■ Problem to solve: Exactly reproduce the lines of the listing below from the one containing "全日本シニアバドミントン選手権大会東京都予選 混合ダブルス 30歳以上の部" through the one containing "Water connection points". Skip the images.

· · · ·

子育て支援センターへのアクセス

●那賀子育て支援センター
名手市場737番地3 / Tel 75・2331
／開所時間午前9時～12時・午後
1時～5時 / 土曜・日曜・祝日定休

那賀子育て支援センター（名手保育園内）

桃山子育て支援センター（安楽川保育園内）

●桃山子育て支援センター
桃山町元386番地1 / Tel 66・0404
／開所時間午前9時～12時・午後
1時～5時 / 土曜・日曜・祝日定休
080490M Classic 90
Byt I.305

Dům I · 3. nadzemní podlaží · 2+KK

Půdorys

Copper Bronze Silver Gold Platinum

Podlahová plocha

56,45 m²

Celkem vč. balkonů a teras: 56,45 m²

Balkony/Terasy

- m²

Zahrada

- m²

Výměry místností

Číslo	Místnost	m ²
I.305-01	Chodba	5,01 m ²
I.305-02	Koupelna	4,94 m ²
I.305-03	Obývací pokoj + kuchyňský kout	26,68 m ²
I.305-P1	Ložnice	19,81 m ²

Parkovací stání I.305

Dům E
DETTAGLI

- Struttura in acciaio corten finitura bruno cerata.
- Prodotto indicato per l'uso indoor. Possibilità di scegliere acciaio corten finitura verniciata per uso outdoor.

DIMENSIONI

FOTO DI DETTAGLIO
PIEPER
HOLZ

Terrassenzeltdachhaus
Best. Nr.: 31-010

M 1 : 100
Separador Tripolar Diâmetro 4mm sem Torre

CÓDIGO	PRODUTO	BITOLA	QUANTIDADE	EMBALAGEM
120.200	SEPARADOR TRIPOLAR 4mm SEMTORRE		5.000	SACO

· · · ·

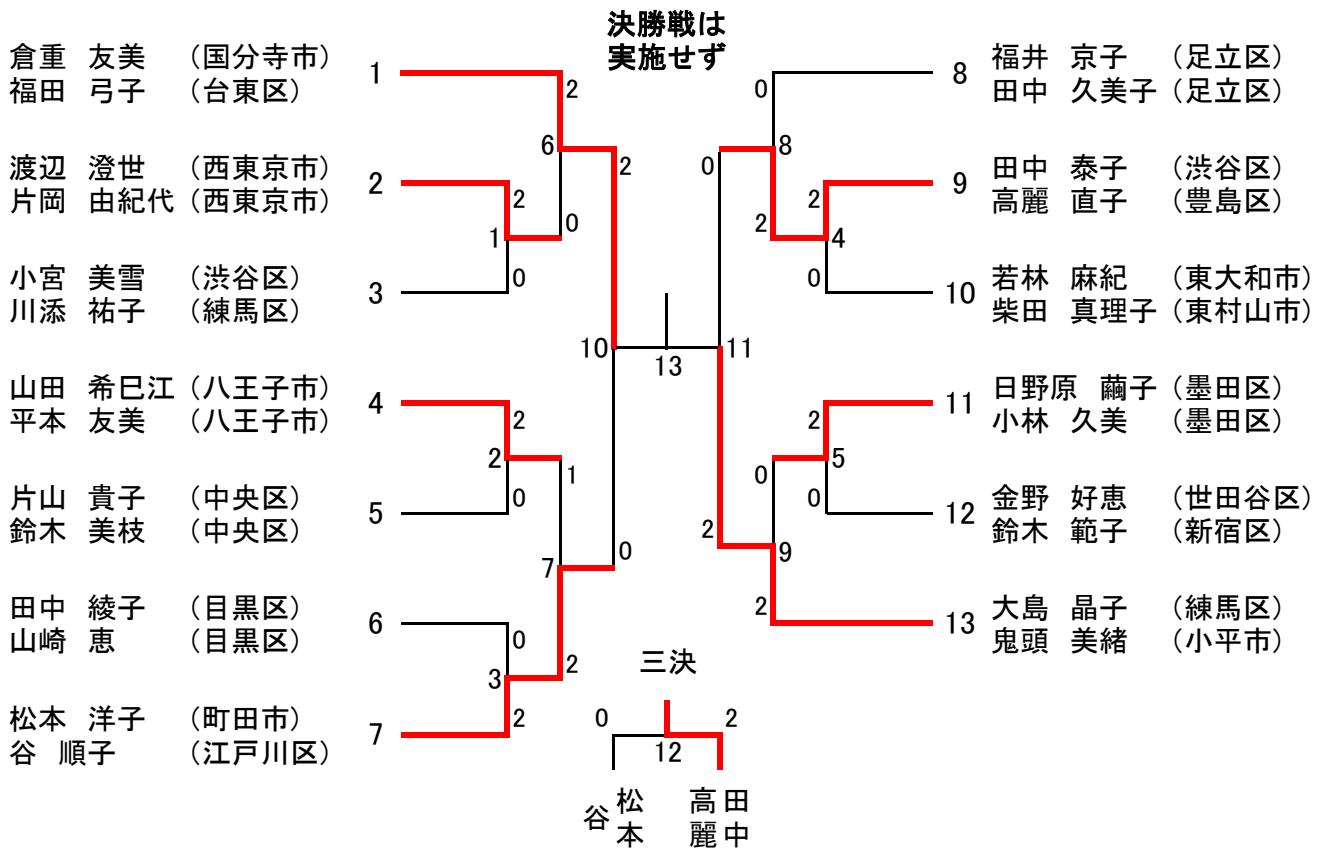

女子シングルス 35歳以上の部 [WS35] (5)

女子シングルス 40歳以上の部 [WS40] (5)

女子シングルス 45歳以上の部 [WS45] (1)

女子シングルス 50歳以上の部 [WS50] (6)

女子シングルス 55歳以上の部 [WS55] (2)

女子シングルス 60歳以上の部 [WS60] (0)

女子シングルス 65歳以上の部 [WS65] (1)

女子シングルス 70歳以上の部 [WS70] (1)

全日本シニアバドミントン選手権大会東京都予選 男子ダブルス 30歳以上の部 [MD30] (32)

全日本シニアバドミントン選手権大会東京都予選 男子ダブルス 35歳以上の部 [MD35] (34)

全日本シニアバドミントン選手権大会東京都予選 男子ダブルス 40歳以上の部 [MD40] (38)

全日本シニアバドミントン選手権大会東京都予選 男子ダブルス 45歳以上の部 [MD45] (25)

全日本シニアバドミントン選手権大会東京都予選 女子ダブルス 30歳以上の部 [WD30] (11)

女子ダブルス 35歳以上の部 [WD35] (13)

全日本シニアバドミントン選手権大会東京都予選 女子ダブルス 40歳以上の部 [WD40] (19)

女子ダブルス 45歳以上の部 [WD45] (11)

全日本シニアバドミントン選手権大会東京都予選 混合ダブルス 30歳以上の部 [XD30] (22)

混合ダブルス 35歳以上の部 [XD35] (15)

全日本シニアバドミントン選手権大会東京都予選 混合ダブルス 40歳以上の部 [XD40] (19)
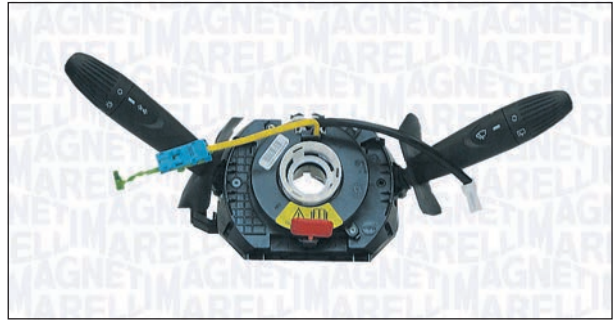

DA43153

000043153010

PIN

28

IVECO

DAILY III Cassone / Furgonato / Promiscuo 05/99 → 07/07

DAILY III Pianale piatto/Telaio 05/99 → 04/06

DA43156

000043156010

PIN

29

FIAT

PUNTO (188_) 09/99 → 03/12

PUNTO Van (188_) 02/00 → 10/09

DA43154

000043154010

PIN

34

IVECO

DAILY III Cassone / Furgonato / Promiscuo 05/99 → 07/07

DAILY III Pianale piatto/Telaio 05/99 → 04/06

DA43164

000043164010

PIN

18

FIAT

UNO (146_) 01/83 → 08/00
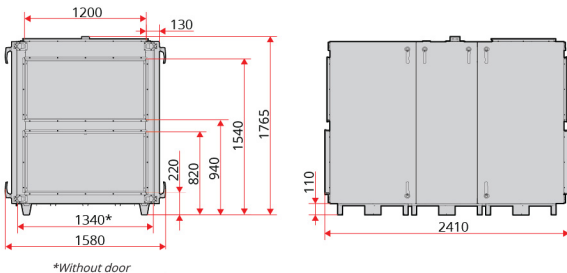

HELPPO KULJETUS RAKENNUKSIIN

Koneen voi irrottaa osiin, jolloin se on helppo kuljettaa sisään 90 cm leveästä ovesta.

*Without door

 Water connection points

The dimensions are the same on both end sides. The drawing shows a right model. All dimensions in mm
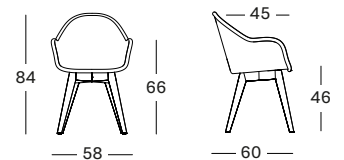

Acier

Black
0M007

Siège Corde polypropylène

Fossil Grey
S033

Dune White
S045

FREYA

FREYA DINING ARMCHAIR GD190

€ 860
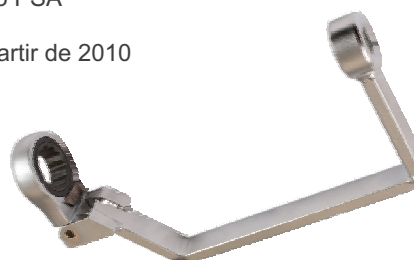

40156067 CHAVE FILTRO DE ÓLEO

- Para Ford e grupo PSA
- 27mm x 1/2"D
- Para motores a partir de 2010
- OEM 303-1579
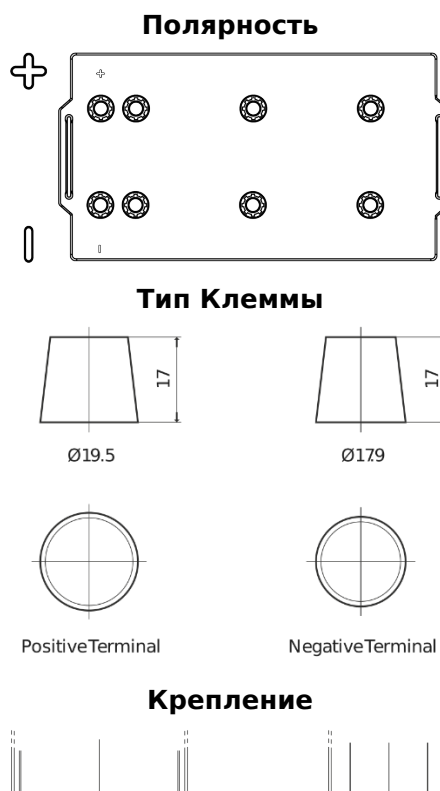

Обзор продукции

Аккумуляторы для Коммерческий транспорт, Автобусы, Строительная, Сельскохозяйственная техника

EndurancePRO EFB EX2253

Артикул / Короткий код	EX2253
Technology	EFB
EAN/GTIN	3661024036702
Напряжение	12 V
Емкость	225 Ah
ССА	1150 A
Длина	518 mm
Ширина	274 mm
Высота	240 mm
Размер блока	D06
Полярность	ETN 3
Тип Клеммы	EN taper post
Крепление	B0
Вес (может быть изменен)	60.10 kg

· · · ·

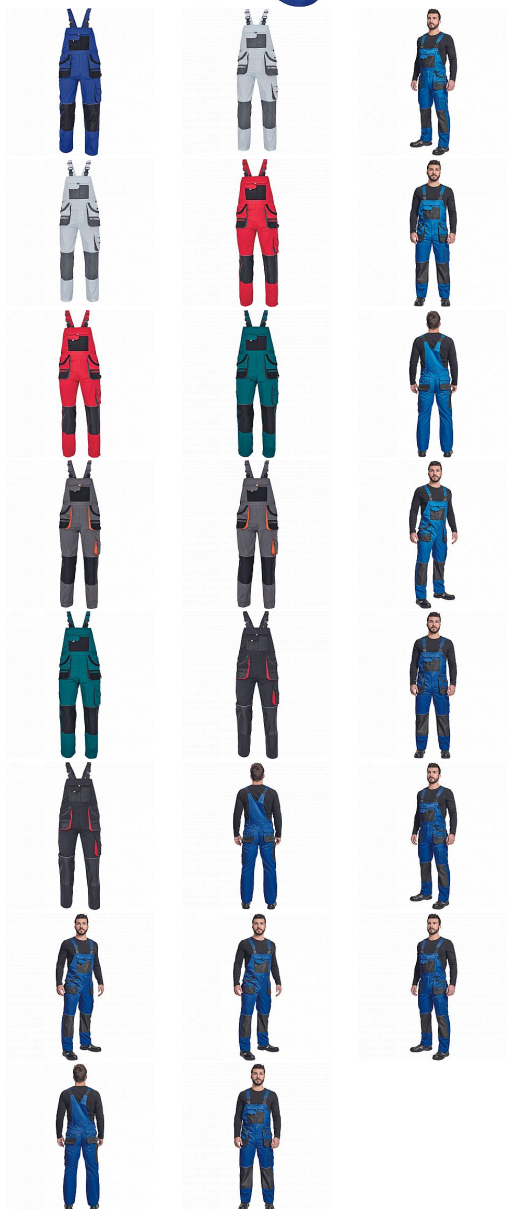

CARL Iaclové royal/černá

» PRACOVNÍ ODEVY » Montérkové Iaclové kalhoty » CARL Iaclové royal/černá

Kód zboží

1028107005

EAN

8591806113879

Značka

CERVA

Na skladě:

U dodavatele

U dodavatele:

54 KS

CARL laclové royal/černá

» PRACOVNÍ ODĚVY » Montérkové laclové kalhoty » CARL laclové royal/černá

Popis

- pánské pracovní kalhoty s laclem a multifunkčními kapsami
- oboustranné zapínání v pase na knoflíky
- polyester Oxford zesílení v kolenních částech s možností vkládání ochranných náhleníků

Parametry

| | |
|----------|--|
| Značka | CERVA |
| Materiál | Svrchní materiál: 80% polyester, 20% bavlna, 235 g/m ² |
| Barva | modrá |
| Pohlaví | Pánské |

· · · ·

■ Solution below:
全日本シニアバドミントン選手権大会東京都予選 混合ダブルス 30歳以上の部 [XD30] (22)

混合ダブルス 35歳以上の部 [XD35] (15)

全日本シニアバドミントン選手権大会東京都予選 混合ダブルス 40歳以上の部 [XD40] (19)

DA43153

000043153010

PIN

28

IVECO

DAILY III Cassone / Furgonato / Promiscuo 05/99 → 07/07

DAILY III Pianale piatto/Telaio 05/99 → 04/06

DA43156

000043156010

PIN

29

FIAT

PUNTO (188_) 09/99 → 03/12

PUNTO Van (188_) 02/00 → 10/09

DA43154

000043154010

PIN

34

IVECO

DAILY III Cassone / Furgonato / Promiscuo 05/99 → 07/07

DAILY III Pianale piatto/Telaio 05/99 → 04/06

DA43164

000043164010

PIN

18

FIAT

UNO (146_) 01/83 → 08/00

HELPPO KULJETUS RAKENNUKSIIN

Koneen voi irrottaa osiin, jolloin se on helppo kuljettaa sisään 90 cm leveästä ovesta.

*Without door

 Water connection points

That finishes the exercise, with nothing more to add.